Dangjiacun :

Du 26 au 27 mars par Manu pour les Nems

Nous quittons Xi’ An pour Dangjiacun. Nous traversons des paysages de canyons asséchés, la terre semble partir en poussière, les arbres sont tout secs, ici, en mars, aucune trace de verdure. A l’entrée de la petite ville, je remarque une fois de plus que le silence n’est même pas entrecoupé des cris des oiseaux. J’apprendrai quelques jours plus tard que l’Histoire y est peut être un peu pour quelque chose. En 1958, Mao, sûr de faire faire à la Chine un « grand bond en avant », découvre -quel génie-, la cause des récoltes de riz insuffisantes : les moineaux, coupables désignés, seront donc exterminés. Pour venir à bout de ces féroces volatiles, on détruit les nids et les oeufs, on zigouille les porteurs de plumes en masse, et le président ordonne même de faire du bruit en permanence pour empêcher les zoziaux de se poser. La méthode est radicale, et les moineaux tombent comme des mouches. L’auteur du petit livre rouge avait juste oublié le principe de la chaîne alimentaire, conséquence : 3 années sans récoltes (ravagées par les insectes), des famines dignes d’un autre siècle qui feront 30 millions de morts!

Mais revenons à Dangjiacun. Après avoir acheté le ticket permettant d’accéder à la vieille ville, et à l’ensemble des maisons-musées, nous posons nos sacs chez un jeune couple ; entre nous la barrière de la langue sera allègrement franchie à grands coups de Google traduction et de débrouillardise.

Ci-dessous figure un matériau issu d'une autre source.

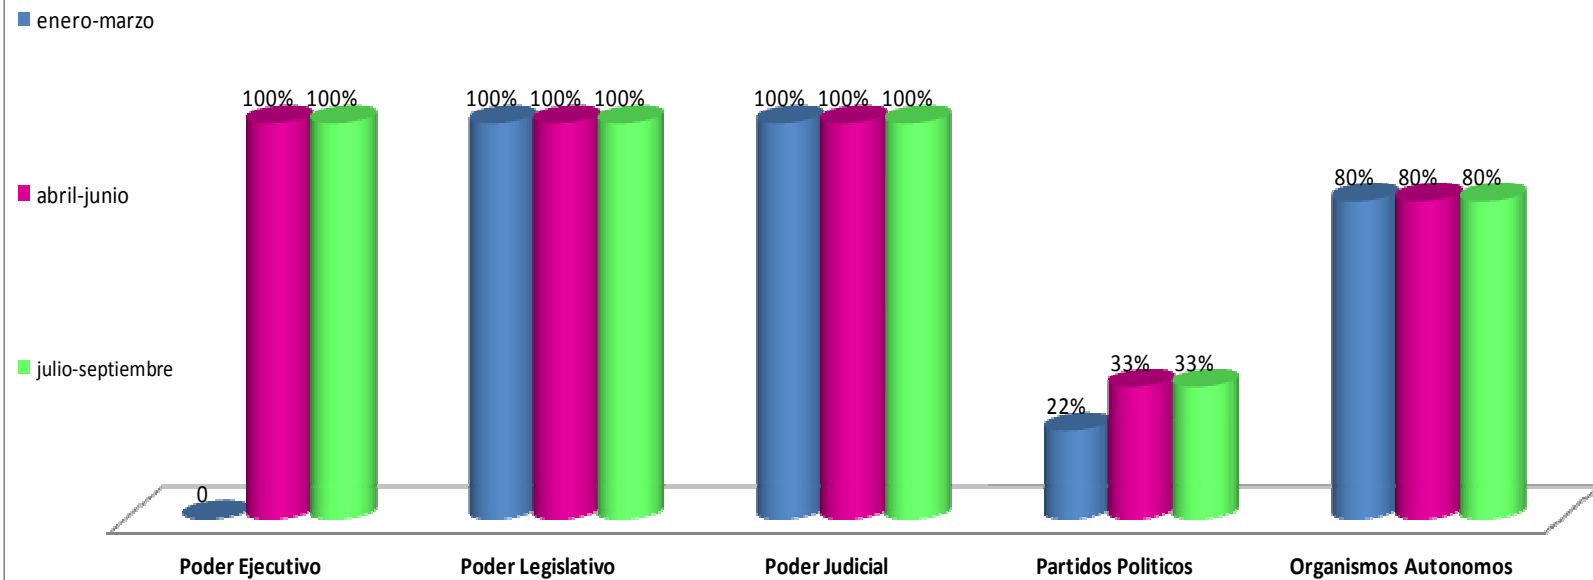

**Monitoreo a Páginas  
Web de  
Entidades Públicas  
2011**

## AVANCE PORCENTUAL DE LA ACTIVACIÓN DE PÁGINAS WEB DE LOS SUJETOS OBLIGADOS POR LA LAIP
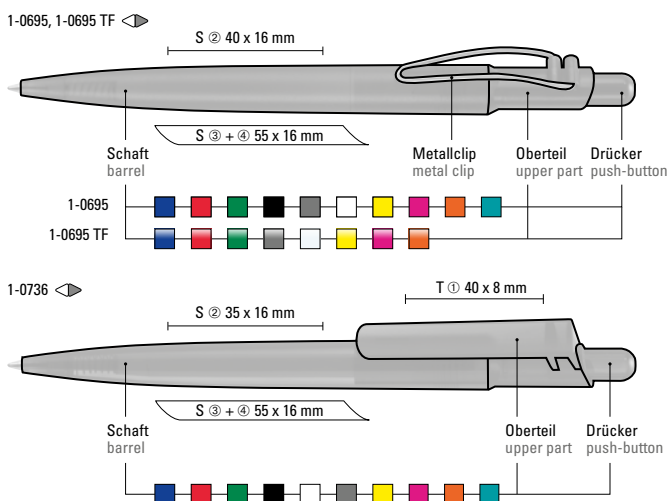

Price/piece 1-0690 1.15 €

Minimum quantity 1,000 pieces

Advertising code barrel S ○

Recyclete  
Variante  
VITAN RECY  
Seite/page 55

**Mix n' Match:** Alle Teile können farblich frei kombiniert werden.

1-0695: Druckkugelschreiber mit gedeckt glänzendem Gehäuse und vernickeltem Metallbiegeclip.
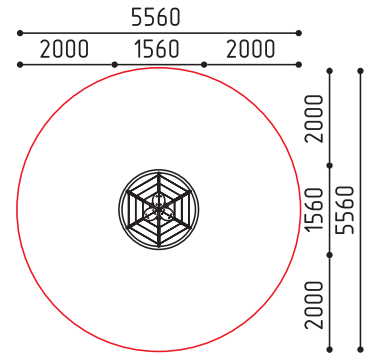

14-024-1
1560x1560x820
(ДШВ в мм)

3-7 470 470

размеры в мм

14-009-1
950x950x1200
(ДШВ в мм)

5-12 150
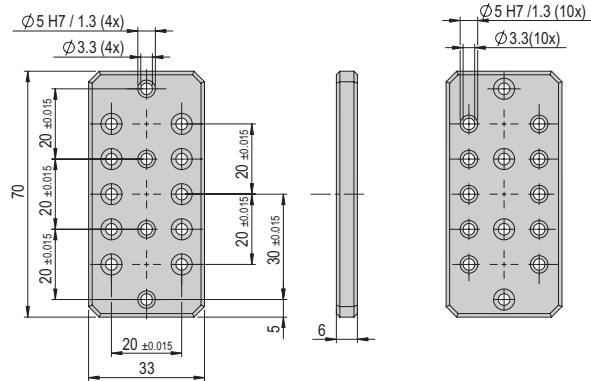

Verbindungsplatten VP

Verbindungsplatte VP 100	VP 100
Bestellnummer	50077103
Nettogewicht	0.021 kg

Im Lieferumfang inbegriffen

- 2x Spezialschraube M3x10/4
- 4x Montageschraube M3x12
- 2x Zentrierhülse Ø5x2.5

Verbindungsplatte VP 101	VP 101
Bestellnummer	50041054
Nettogewicht	0.032 kg

Im Lieferumfang inbegriffen

- 2x Montageschraube M3x10
- 2x Zentrierhülse Ø5x2.5
- 6x Montageschraube M3x12

Verbindungsplatte VP 102	VP 102
Bestellnummer	50077106
Nettogewicht	0.025 kg

Im Lieferumfang inbegriffen

- 2x Montageschraube M3x16
- 2x Zentrierhülse Ø5x2.5

Verbindungsplatte VP 103	VP 103
Bestellnummer	50077107
Nettogewicht	0.013 kg

Im Lieferumfang inbegriffen

- 4x Montageschraube M3x12
- 4x Zentrierhülse Ø5x2.5

VP 104

Bestellnummer

50077108

Nettogewicht

0.026 kg

Im Lieferumfang inbegriffen

- 2x Montageschraube M3x10
- 2x Zentrierhülse Ø5x2.5

Verbindungsplatte VP 106

Le village est resté dans son jus, chose très rare en Chine, et les quelques visiteurs croisés en deux jours auront tous des têtes de Chinois. Notre hôtesse nous demande si nous sommes intéressés par une visite guidée. Ok, si votre guide parle anglais…Alors que nous pensons avoir à faire à un de ces guides pratiquant un anglais « écorché vif » ; débarque une jeune fille qui maîtrise mieux Shakespeare que nous. Sarah nous emmène dans les maisons traditionnelles transformées en petit musée depuis l’exode d’une partie de ses habitants. Le village date de 6 siècles, il fut fondé par une famille, les Hang, du coup, les habitants portent encore aujourd’hui quasiment tous le même nom de famille! On imagine les campagnes municipales : « le bilan de Mr Hang est mauvais, les candidats Mme Hang et Mr Hang ne proposent rien de neuf, seul Mr Hang est crédible ». Le bourg a miraculeusement conservé une bonne partie de ses bâtisses. Le plan est toujours le même : un grand patio rectangulaire bordé par 4 batiments.

A l’entrée : les parents, qui peuvent ainsi surveiller les arrivées de la rue et l’activité de leur progéniture. L’aile Est abritait les aînés, l’aile Ouest les cadets. Le bâtiment du fond, ou hall des ancêtres, était réservé aux invités, et servait aussi à honorer les aïeux. Il domine les 3 autres. Le respect et le culte des ancêtres est omniprésent dans l’architecture de ces bâtisses, ainsi, le portique d’entrée est surmonté d’un frontispice décrivant les valeurs revendiquées par le fondateur de la dynastie : modestie, éducation stricte, accueil…Ainsi gravées, les valeurs familiales étaient transmises de générations en générations. Sur la gauche de l’entrée, Sarah nous montre un tableau : là où nos yeux d’occidentaux ne voient qu’une scène qui mêle paysage et nature, notre guide y lit une symbolique qui ne doit rien au hasard : chaque détail de la gravure doit être interprété via son homophone, ainsi, le cerf est l’homophone de « choux » et les choux sont le symbole de prospérité…Le fondateur de la maison à donc voulu placer la prospérité comme valeur centrale pour sa famille.

Nous passons plus de deux heures passionnantes à nous imprégner de l’histoire de ce village. Il est temps de quitter à regrets Sarah et de régler avec enthousiasme la somme convenue. Mais à la vue de nos billets, celle-ci nous répond avec un grand sourire : « vous avez fait un long voyage pour venir jusqu’ici, c’est un honneur pour moi de vous avoir fait découvrir mon village ». Si ça c’est pas la classe! Après mille mercis, nous terminons la boucle au pied d’une tour (pavillon) ou les villageois nous invitent à tester le tir à l arc. Pas évident de s’improviser Guillaume Tell.